Now, four years on, the broadly similar group of top doctors have written to The Irish Times, in which they say that the health problems which stem from cannabis use “remain ignored”.

Former head of the HSE Paul Reid will chair the Citizen’s Assembly on drug use next week. (Credit: Rolling News)

In 2020, over 1,000 people were admitted to psychiatric hospitals in the state as a result of cannabis usage, with a further 22,000 people estimated as suffering from cannabis dependency.

“In spite of the evidence of substantial and increasing harms, the public perception of the harms of cannabis has continued to decline. This in turn drives up use… While there is unrelenting pro-cannabis messaging on social and traditional media, there has been little attempt by Government or HSE to counter this with factual information”.

According to the doctors, cannabis has become a “bigger issue” than alcohol for those in the under-25 age demographic, arguing that a comprehensive public health campaign is needed to rectify the worsening scale of the problem.

“As doctors, we are growing tired of seeing young lives, and the lives of their families, being derailed by the use of this drug”, the doctors group said.

Former IMO president Dr. Ray Walley has said that he sees cannabis patients on a “nearly weekly basis”. (Credit: Rolling News)

Two former presidents of the Irish Medical Organisation (IMO) are included in the group, alongside the head of the school of medicine at Trinity College Dublin.

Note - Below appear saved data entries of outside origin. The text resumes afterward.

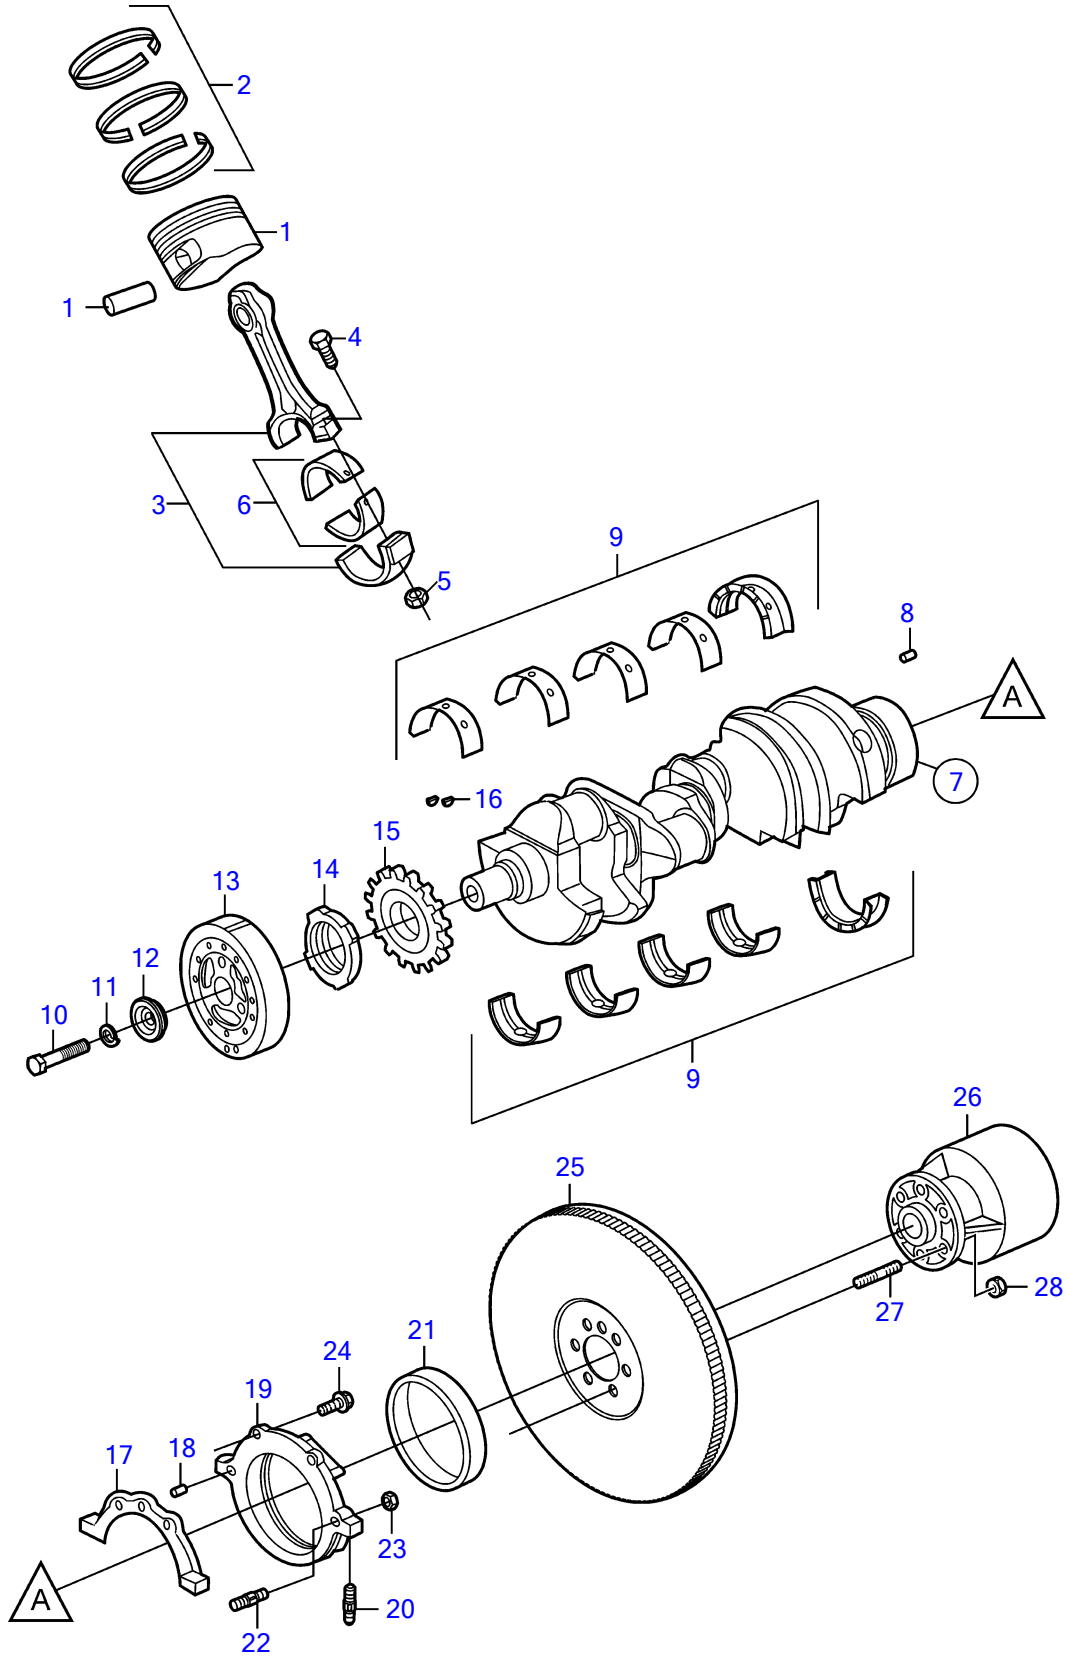

5.7GiCE-300-R, 5.7GXICE-320-R

5.7GiCE-300-R, 5.7GXICE-320-R

REF	PART NO.	QTY	DESCRIPTION	NOTES
1	3855742	8	Piston	Standard, replaced by next part number
	21179952	8	Piston	
	3855743	1	Piston	O.S=0.50mm
		8	• Pin	not sold separately
2	3855740	8	Piston ring	Standard, replaced by next part number
	21179959	8	Piston ring kit	
	(3855741)	1	Piston ring	Obsolete part, O.S=0.50mm
3	3853957	8	Connecting rod	
4	3853162	16	• Bolt	
5	3853413	16	• Nut	
6	3853149	8	Bearing	
7	(3856923)	1	Crankshaft	Obsolete part
8	3855969	1	• Pin	
9	3862360	1	Bearing kit	
10	949518	1	Hexagon screw	
11	3852046	1	Spring washer	
12	3858177	1	Washer	
13	3862261	1	Vibration damper	
14	3862363	1	Ring	
15	3852690	1	Sprocket	
16	3852663	2	Woodruff key	
17	3852656	1	Gasket	
18	3856140	1	Pin	
19	3856925	1	Housing	
20	3853202	2	• Stud	
21	3856926	1	• Sealing	
22	3853205	1	Stud	
23	3853206	1	Nut	
24	3853203	2	Bolt	L=.875" (22.2mm)
	3853204	1	Bolt	L=1.75" (44.5mm)
25	3853958	1	Flywheel	
	3855970	1	• Gear	
26	3858437	1	Rubber coupling	
27	3853274	6	Stud	
28	3853273	6	Nut	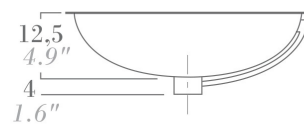

# Product Specs Sheets

Collection  
Metal

Model |  
WSBC3021

Dimensions Metric

1 inch = 2.54 cm  
1 inch = 25.4 mm

**WS**<sup>®</sup>  
BATH  
COLLECTIONS

1051 Lea Drive - Collegeville, PA 19426  
Tel. 215 513 9400 - Fax 610 831 0215  
[www.ws bathcollections.com](http://www.ws bathcollections.com) - [info@ws bathcollections.com](mailto:info@ws bathcollections.com)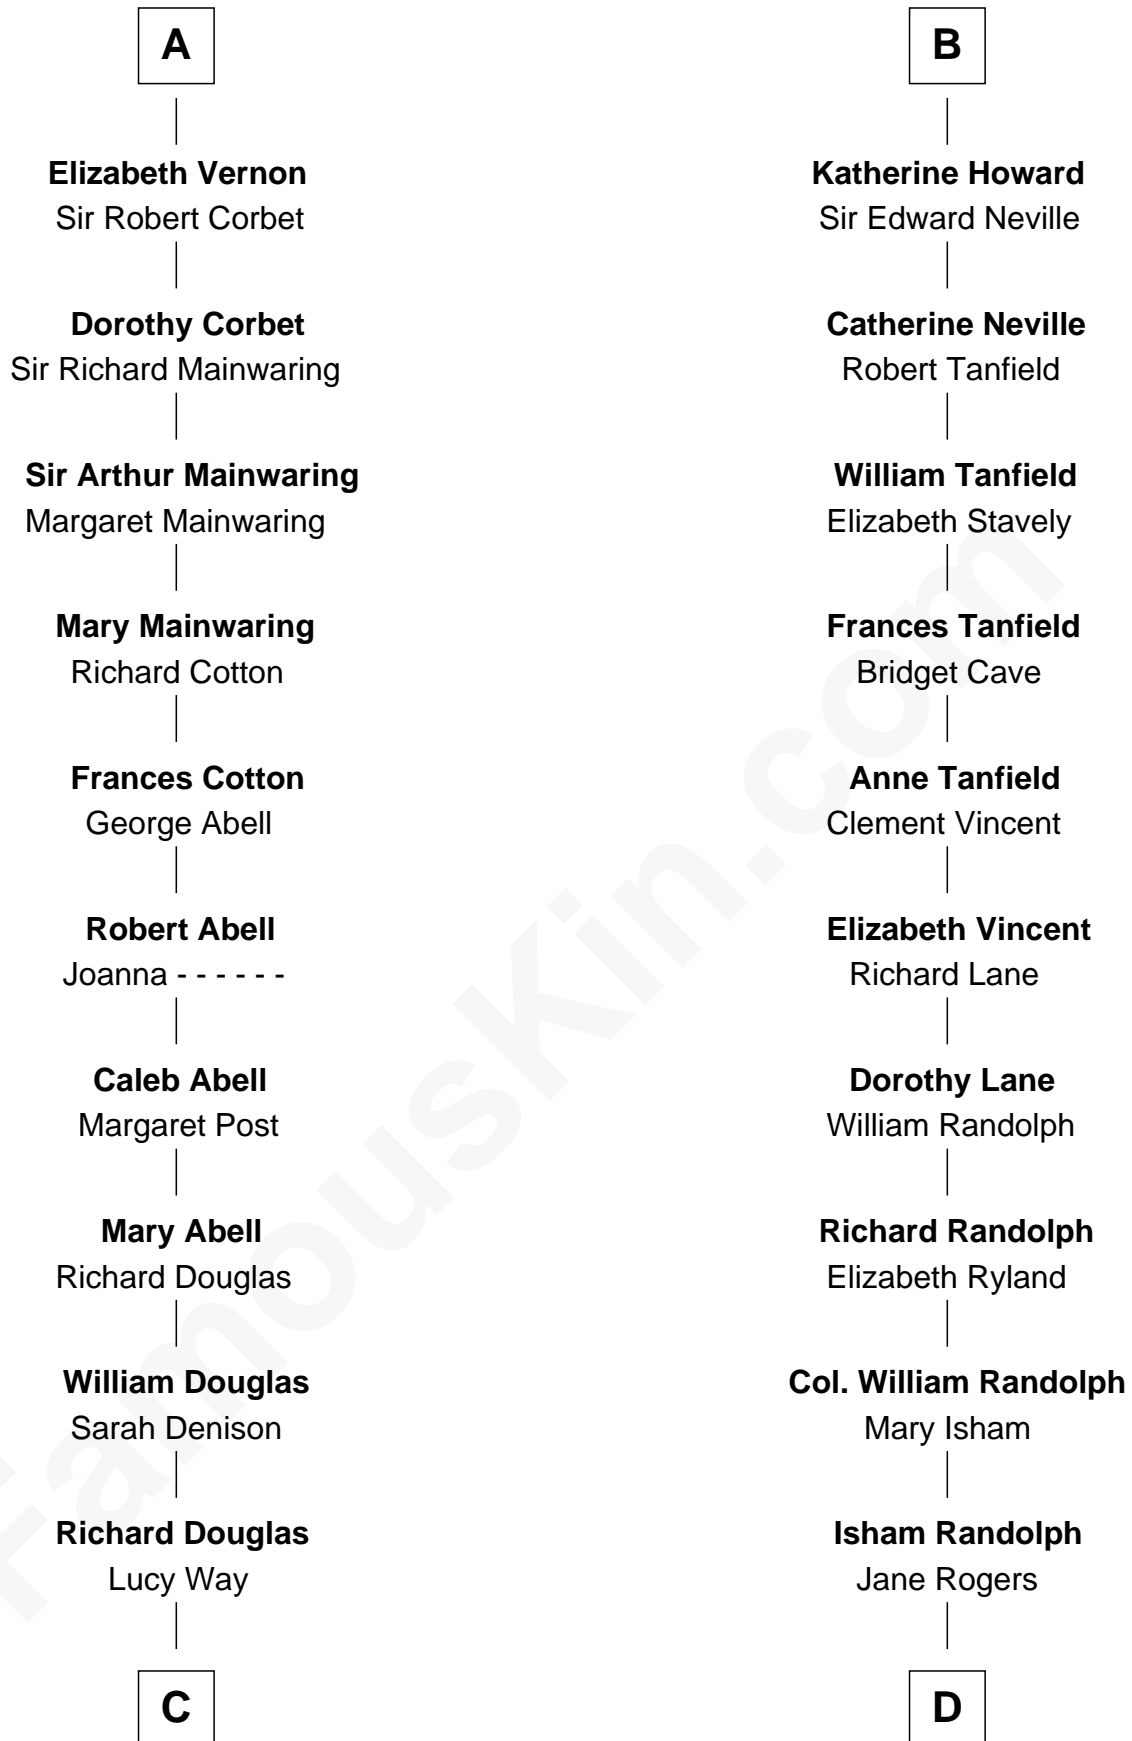

FamousKin.com
Relationship Chart of
Melvyn Douglas
Movie Actor

18th cousin 2 times removed of

Thomas Jefferson

3rd U.S. President and Signer of the Declaration of Independence

C

Erskine Douglas

Sophia Garrett

Emma Jane Douglas

Col. George Taliaferro Shackelford

Lena Priscilla Shackelford

Edouard Gregory Hesselberg

Melvyn Douglas

Movie Actor

D

Jane Randolph

Peter Jefferson

Thomas Jefferson

3rd U.S. President

FamousKin.com

Dr. Ray Walley, former IMO president, has said that he sees new cannabis patients on a “nearly weekly basis”, with the age at which they present ever-reducing.

The group further claimed that cannabis-related road traffic incidents and emergency department attendances due to use of the drug are on the rise.

However, the doctors have also said that they support the health diversion scheme introduced by Government last year and that they believe no one should be locked up for “simple drug possession”.